Он направился к выходу, и она грустно проводила его глазами. Сейчас закроется дверь, и они не увидятся целую вечность…
– Забыл! – Он обернулся. – Совсем забыл рассказать.
Дайнека на глазах ожила и подбежала к нему. Он обнял ее.
– Ты просила найти того старика…
– Жив? – У нее перехватило дыхание. – Неужели он жив?
– Жив и здоров. – Вячеслав Алексеевич достал из внутреннего кармана бумажку. – Исаев Прохор Федотович, тысяча девятьсот восемнадцатого года рождения, родился в селе Муртук Манского района. В настоящее время проживает в деревне Большая Кисленка Тверской области.
– Это далеко? – спросила Дайнека.
– Километров двести, может, чуть больше.
– Мы поедем туда? – Она обняла отца и заглянула ему в лицо. – Ты меня отвезешь?
– Отвезу. Может быть, завтра. Сейчас мне нужно идти, я тороплюсь. – Он снова посмотрел на часы, и она поняла, что теперь точно придется прощаться.
Он вышел из квартиры и быстро зашагал вниз по лестнице. Дайнека закрыла дверь, прошла в гостиную и увидела, что он забыл ключи от машины, схватила их и кинулась к двери. Распахнула ее и увидела отца у соседней квартиры, на пороге которой стояла Нина. Увидев Дайнеку, оба растерялись и замерли.
– Вот, – Дайнека протянула ключи. – Ты забыл.
Вячеслав Алексеевич забрал их и осторожно заметил:
– Я привез лекарство для Эльзы Тимофеевны. Чуть не забыл занести…
Дайнека знала, что он ей соврал.
Село Муртук
декабрь 1947 года
Картошка снова не уродилась, второй год подряд.

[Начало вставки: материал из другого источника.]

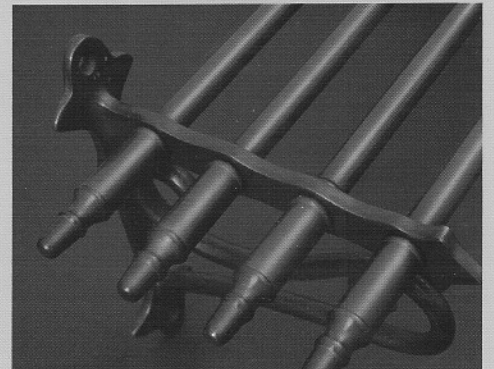

\*See **idh's** price list for a complete listing of all the items in each collection.

Glass Shelves 18", 24", 30"-Available in some collections

2-Tier Towel Shelf 19021-18", 19022-24"

3-Tier Towel Shelf 19020-24"

Elite Double Towel Bar 18", 24", 30"

Prestige Double Towel Bar 18", 24", 30"

Parlor Rack 19000-19", 19002-24", 19004-30"

**Bel-Air Collection**

**La Chine Collection**

**Jade East Collection**

Bel-Air Collection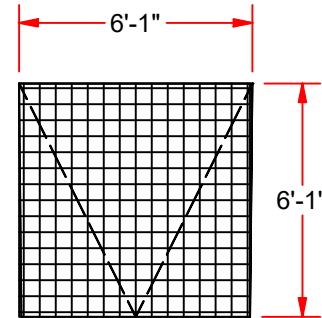

SHOWN WITH GOAL

REAR VIEW

6'-1"

FEATURES:

- > MEETS NCAA AND NFHS REGULATIONS
- > 5mm KNOTLESS NET WITH 1-1/2" SQ MESH
- > NET COLOR WHITE
- > WEATHERPROOF POLYESTER
- > LACING CORD INCLUDED
- > DIMENSIONS: 6" H X 6"W X 7"D

6'-10"

6'-1"

6'-1"

A Division of ABT, Inc.
 P.O. Box 837 / 259 Murdock Road
 Troutman, NC 28166
 (800) 334-6057

SELGN-50

PROFESSIONAL LACROSSE GOAL NET 6' X 6' X 7'

Sheet 1 of 1

Manufactured by:
 www.jaypro.com
 976 Hartford Turnpike
 Waterford, CT 06385 USA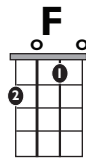

IN THE
STYLE OF...

“NO TEARS LEFT TO CRY”

by Ariana Grande

KEY: **C**

TEMPO: **122 BPM**

Chords

C	Dmi	Emi	F	G	Ami
I	ii	iii	IV	V	vi

SONG FORM: **Chorus, Verse, Chorus, Verse, Chorus, Chorus**

В декабре отменили карточки, но хлеба больше не стало. Чистовитинские мужики, работники леспромхоза, надумали ехать домой. Манечка собрала матери кое-каких гостинцев: сахару головку, мешочек муки, чаю и конфет-подушечек для ребят. Сыну оставила только горстку. Выдавала по одной каждый день.

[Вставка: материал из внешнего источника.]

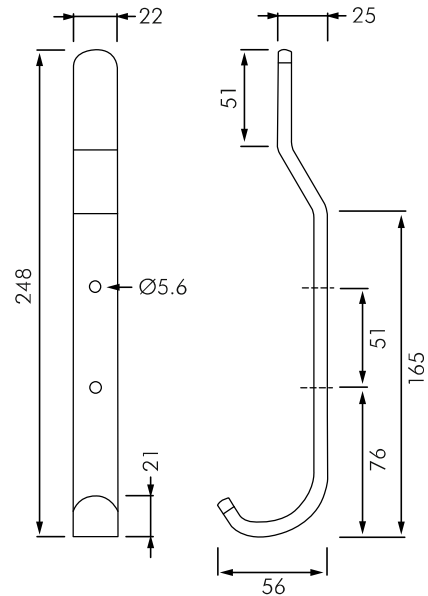

AS1306

ASI HEAVY DUTY UTILITY HOOK

DESCRIPTION

ASI AS1306 heavy duty clothes, robe and towel hook is made from Type 304 satin finish stainless steel. Designed for surface mounting for general use.

MODELS

AS1306 - Standard model as shown.

Проня редкий вечер не приходил. Иногда приносил Мане подарочки. Митенька привык к нему, будто к родному, и только он появлялся, с разбегу бросался навстречу, и тот подхватывал его единственной рукой, побросав на пол кульки и мешочки.
К Марии Саввичне Манечка ходила каждое воскресенье. Садилась с Митенькой за большой теткин стол, ела вместе со всеми, пила чай. Когда домашние расходились, она подолгу рассуждала с теткой о Проне.
– Хороший Проня мужик, – говорила Мария Саввична. – Добрый.
– Хороший, – вторила Манька.
– Жалеет тебя.
– Жалеет…
– Что ж ты? – Тетка заглядывала ей в глаза, стараясь уловить ее настроение. – Или не нравится?
– Нравится. Хороший мужик.
– Замуж не звал?
– Нет, не звал.
– Зачем тогда ходит? – разводила руками тетка.
Манька и сама понимала, что Проня со всех сторон положительный. Таких, как говорили в деревне, днем с огнем не найти. Особенно теперь, после войны. Но он никак не намекал, что у него на уме.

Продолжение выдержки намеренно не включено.